(Data items)

★ ★ ★

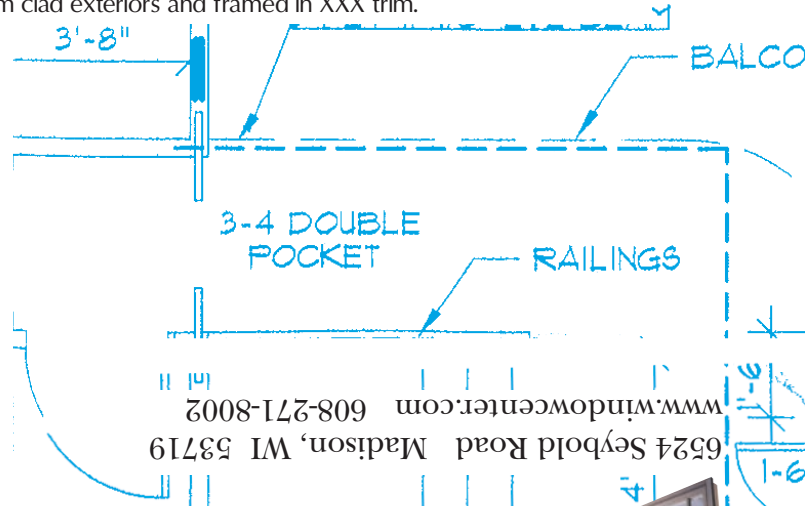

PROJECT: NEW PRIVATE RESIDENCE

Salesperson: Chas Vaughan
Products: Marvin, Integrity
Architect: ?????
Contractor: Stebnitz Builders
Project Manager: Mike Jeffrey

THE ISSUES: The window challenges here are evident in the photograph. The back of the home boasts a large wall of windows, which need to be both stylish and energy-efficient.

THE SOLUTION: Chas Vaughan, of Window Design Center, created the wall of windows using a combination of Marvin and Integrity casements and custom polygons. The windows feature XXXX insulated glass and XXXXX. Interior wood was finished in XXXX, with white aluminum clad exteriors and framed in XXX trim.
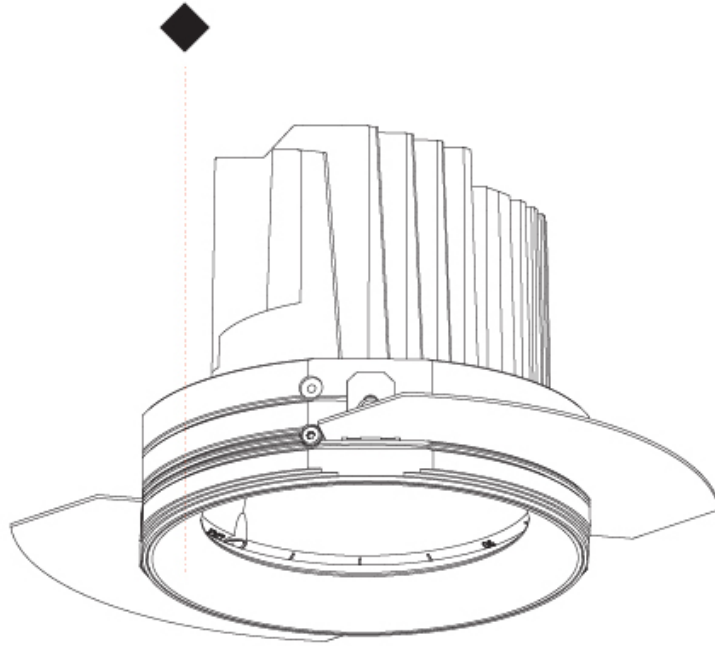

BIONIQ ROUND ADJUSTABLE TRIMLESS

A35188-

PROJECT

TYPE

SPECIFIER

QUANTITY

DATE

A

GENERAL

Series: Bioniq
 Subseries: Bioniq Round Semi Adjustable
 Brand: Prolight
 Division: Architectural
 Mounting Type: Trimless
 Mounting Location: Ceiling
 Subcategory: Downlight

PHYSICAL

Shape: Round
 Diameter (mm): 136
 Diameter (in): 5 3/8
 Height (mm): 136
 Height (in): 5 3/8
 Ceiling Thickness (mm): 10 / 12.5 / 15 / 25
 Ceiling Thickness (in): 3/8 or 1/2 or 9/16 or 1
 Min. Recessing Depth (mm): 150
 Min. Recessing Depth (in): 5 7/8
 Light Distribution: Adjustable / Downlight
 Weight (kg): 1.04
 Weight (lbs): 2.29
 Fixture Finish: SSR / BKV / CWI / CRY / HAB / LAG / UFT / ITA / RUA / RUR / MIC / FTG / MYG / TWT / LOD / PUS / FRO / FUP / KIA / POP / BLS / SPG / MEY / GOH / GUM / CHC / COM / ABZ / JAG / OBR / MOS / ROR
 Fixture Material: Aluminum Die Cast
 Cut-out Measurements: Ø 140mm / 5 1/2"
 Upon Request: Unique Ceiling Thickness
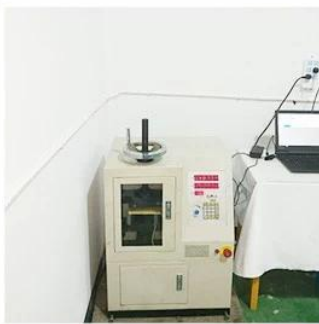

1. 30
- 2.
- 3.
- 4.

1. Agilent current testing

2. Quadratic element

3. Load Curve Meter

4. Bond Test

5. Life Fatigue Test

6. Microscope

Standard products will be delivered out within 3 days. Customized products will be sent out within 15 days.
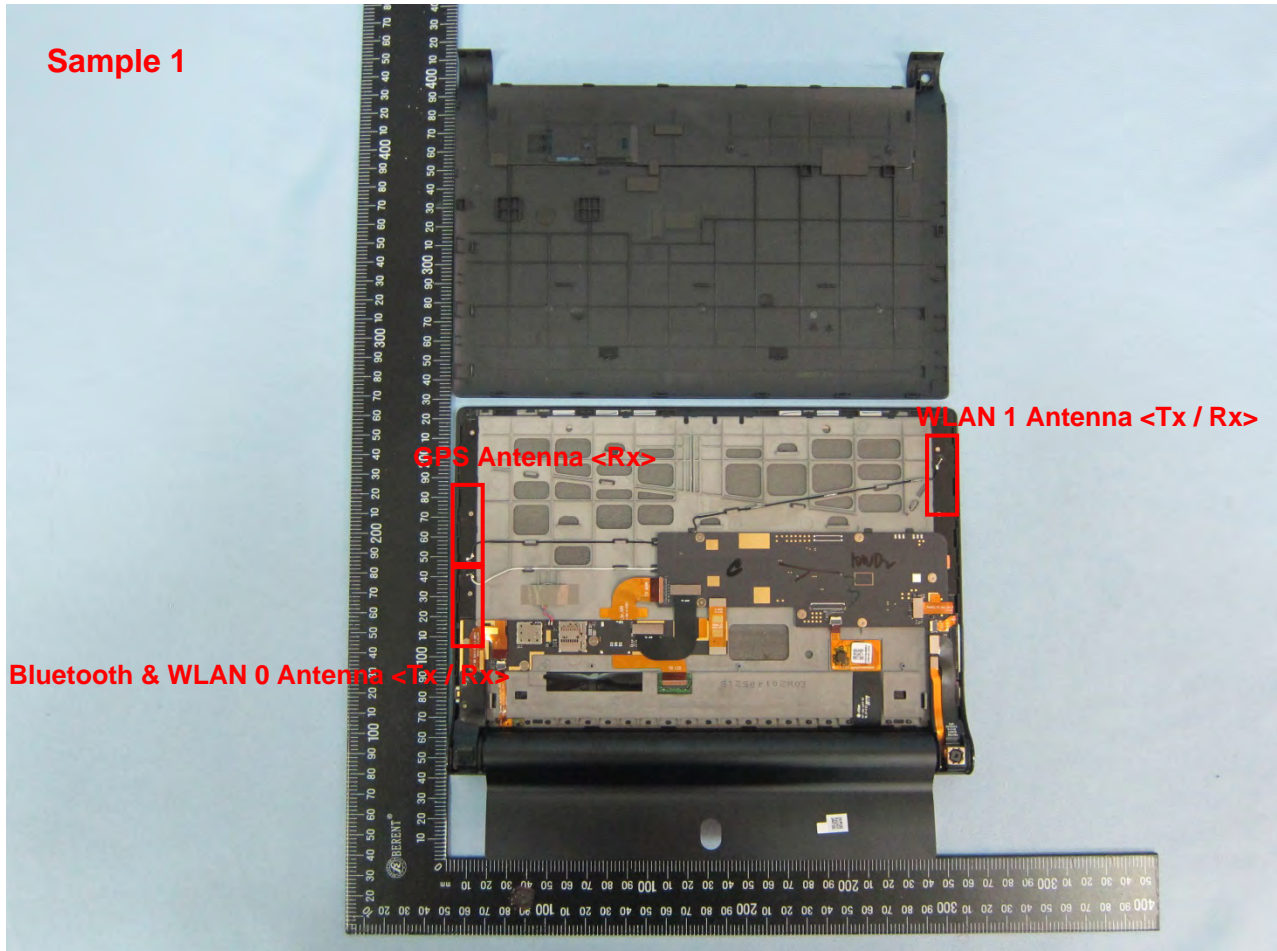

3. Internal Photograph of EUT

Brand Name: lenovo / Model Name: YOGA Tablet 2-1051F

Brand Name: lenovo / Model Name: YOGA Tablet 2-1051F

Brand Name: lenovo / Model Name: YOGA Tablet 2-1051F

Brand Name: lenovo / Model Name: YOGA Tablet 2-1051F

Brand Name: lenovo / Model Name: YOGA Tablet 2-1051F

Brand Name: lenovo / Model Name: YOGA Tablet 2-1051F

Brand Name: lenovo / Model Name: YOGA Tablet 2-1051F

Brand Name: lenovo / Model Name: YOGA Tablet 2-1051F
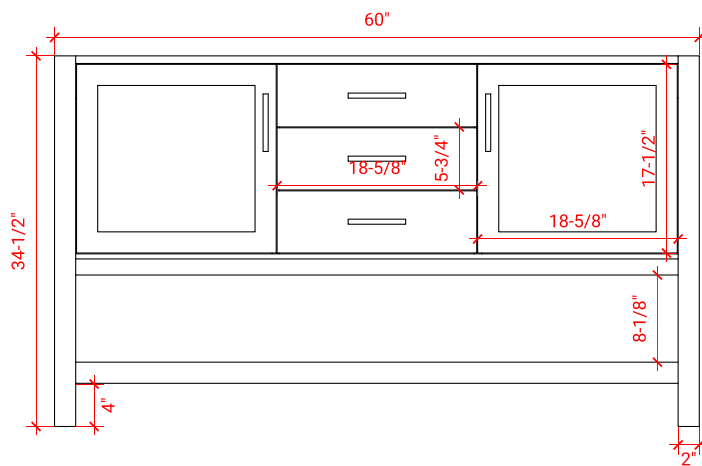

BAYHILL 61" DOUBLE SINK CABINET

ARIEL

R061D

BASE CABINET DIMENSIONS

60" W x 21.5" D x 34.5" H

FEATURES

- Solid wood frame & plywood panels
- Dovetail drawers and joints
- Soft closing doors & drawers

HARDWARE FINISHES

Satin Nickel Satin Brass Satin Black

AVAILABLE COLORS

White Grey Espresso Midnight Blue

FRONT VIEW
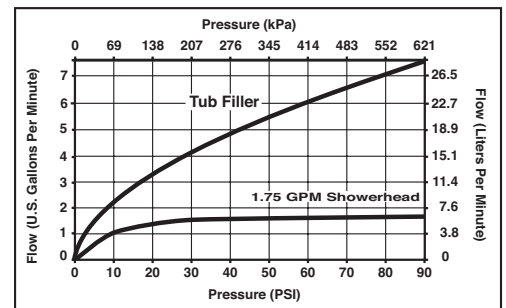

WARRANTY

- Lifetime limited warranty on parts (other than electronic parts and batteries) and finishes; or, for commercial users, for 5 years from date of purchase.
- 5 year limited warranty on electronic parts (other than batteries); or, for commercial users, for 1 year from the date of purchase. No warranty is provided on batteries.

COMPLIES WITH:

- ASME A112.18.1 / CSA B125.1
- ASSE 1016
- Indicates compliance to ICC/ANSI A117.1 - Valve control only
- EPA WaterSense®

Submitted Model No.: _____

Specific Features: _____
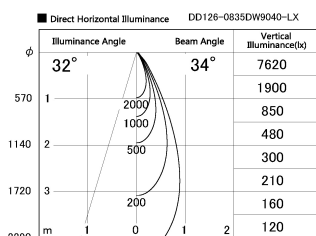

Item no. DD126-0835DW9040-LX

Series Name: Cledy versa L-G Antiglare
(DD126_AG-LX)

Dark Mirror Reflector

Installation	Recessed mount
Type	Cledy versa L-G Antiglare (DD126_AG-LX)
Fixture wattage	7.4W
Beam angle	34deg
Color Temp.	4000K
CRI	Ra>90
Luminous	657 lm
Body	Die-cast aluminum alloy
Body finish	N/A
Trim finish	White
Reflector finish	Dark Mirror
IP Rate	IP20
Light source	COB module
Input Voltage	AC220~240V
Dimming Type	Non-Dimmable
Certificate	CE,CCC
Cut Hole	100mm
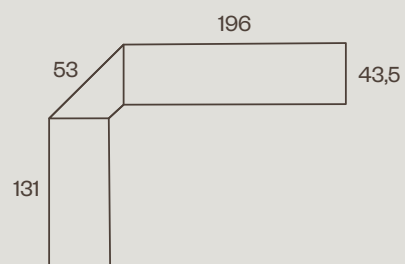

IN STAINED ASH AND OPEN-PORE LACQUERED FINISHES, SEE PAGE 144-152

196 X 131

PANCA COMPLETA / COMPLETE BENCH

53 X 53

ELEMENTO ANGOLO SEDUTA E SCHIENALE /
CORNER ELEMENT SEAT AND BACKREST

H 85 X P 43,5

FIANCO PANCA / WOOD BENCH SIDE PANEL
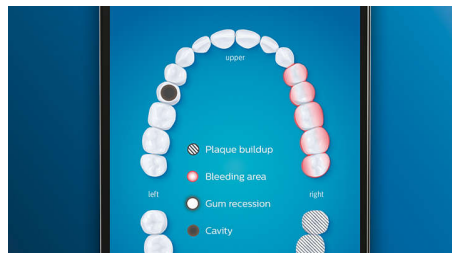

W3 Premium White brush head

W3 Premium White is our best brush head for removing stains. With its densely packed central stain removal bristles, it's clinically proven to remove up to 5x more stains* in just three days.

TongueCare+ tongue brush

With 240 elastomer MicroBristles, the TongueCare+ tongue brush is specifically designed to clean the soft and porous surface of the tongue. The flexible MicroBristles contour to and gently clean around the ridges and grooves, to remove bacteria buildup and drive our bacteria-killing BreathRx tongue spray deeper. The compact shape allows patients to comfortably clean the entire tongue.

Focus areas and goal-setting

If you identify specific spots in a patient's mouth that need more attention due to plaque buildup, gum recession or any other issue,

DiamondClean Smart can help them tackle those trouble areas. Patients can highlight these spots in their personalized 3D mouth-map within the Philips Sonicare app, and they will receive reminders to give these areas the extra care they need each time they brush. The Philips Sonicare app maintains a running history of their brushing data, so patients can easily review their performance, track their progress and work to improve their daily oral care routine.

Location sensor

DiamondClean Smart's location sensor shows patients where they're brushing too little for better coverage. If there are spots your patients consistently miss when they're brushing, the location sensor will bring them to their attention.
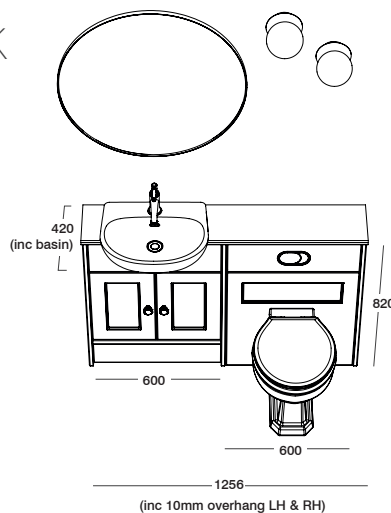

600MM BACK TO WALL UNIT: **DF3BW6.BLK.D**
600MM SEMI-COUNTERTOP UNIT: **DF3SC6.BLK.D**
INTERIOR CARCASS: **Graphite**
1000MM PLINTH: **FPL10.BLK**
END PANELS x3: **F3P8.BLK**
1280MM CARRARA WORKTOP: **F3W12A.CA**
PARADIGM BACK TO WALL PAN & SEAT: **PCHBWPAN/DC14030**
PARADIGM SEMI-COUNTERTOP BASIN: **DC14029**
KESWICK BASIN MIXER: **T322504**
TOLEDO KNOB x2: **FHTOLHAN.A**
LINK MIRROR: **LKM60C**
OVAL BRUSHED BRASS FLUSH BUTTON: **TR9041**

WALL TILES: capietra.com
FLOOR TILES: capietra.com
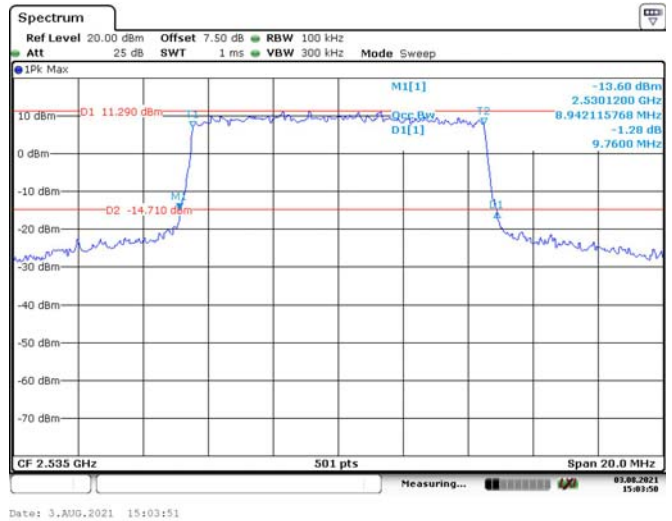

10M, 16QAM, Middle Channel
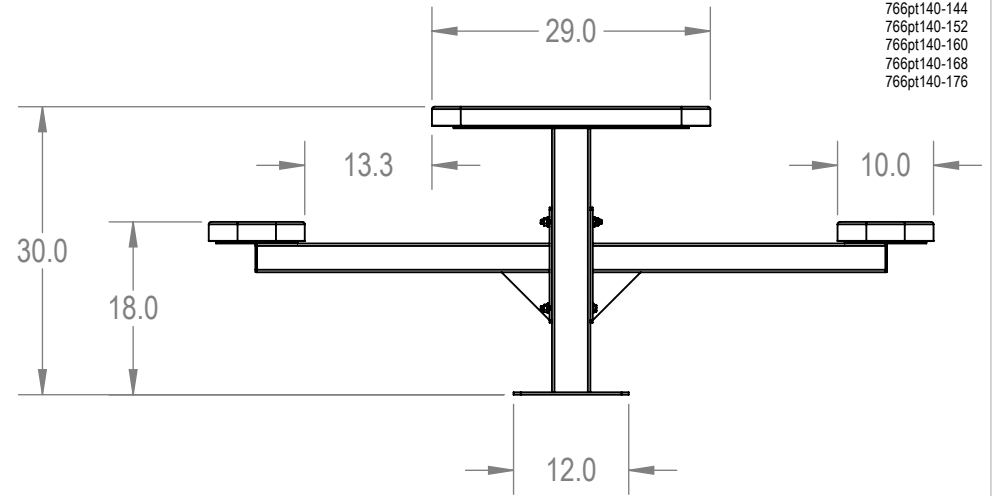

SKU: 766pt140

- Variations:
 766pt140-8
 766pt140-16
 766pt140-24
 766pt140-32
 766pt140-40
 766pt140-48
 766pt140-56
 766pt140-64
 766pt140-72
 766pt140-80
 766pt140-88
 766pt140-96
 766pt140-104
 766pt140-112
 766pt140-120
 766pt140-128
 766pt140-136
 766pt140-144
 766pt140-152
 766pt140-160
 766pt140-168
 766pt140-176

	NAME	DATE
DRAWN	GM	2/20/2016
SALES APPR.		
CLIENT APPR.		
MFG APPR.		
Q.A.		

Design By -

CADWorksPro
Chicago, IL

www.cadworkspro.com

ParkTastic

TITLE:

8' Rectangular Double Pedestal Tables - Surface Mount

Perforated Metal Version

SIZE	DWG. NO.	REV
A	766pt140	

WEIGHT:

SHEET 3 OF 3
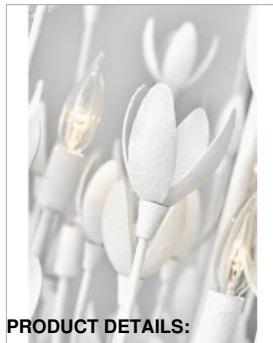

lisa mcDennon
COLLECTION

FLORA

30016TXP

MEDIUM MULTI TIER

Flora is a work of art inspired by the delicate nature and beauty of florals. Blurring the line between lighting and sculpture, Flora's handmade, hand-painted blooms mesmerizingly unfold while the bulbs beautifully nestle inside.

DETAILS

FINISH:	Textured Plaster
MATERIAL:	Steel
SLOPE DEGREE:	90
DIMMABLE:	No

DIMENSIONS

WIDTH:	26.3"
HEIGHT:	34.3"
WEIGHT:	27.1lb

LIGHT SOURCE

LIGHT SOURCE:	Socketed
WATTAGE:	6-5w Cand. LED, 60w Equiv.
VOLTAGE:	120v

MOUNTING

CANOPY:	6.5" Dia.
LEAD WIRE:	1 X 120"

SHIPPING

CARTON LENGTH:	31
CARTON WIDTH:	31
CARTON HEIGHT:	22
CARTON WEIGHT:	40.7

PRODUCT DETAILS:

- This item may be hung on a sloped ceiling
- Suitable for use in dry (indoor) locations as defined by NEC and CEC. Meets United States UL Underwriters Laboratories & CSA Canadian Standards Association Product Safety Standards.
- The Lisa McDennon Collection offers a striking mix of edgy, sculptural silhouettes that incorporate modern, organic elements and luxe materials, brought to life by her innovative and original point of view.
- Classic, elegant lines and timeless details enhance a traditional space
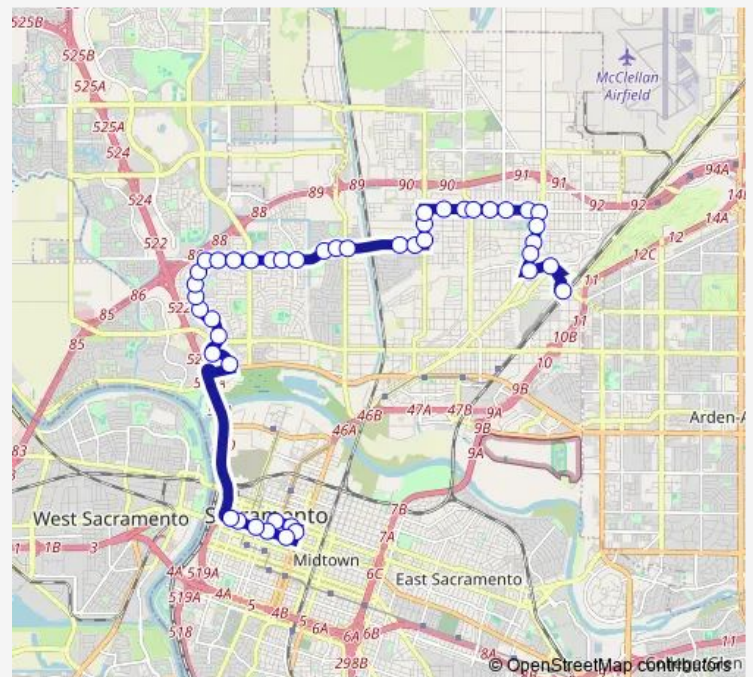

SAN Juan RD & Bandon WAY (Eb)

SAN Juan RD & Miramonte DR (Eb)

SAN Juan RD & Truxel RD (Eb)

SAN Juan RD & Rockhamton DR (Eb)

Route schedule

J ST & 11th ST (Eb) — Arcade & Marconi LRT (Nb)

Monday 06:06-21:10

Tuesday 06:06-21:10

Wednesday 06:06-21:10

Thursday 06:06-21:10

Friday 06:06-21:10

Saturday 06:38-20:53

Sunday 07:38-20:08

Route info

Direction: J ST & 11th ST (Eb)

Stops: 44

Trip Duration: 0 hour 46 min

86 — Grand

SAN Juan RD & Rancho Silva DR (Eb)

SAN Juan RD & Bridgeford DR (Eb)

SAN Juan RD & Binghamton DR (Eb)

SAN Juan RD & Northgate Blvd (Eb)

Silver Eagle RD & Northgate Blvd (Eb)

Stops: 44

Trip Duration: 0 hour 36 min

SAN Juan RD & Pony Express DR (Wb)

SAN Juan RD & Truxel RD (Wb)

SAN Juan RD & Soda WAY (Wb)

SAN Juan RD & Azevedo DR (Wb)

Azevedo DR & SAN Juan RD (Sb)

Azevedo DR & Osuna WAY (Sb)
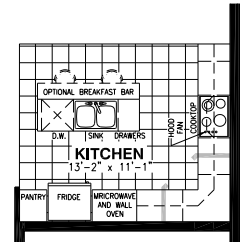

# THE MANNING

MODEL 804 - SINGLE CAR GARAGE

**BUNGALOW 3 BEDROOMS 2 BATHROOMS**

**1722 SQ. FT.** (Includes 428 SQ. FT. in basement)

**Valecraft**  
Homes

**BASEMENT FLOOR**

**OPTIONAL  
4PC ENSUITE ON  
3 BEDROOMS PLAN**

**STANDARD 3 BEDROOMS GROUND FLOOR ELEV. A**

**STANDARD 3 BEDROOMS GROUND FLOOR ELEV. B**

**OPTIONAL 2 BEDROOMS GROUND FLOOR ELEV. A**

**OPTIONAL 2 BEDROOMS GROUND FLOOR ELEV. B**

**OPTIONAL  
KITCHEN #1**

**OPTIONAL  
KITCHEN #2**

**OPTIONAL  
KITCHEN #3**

★ ★ ★

[Problem description]
A single number is the whole answer here: the number of lines in the data containing "Premium".

[Solution to this task]
2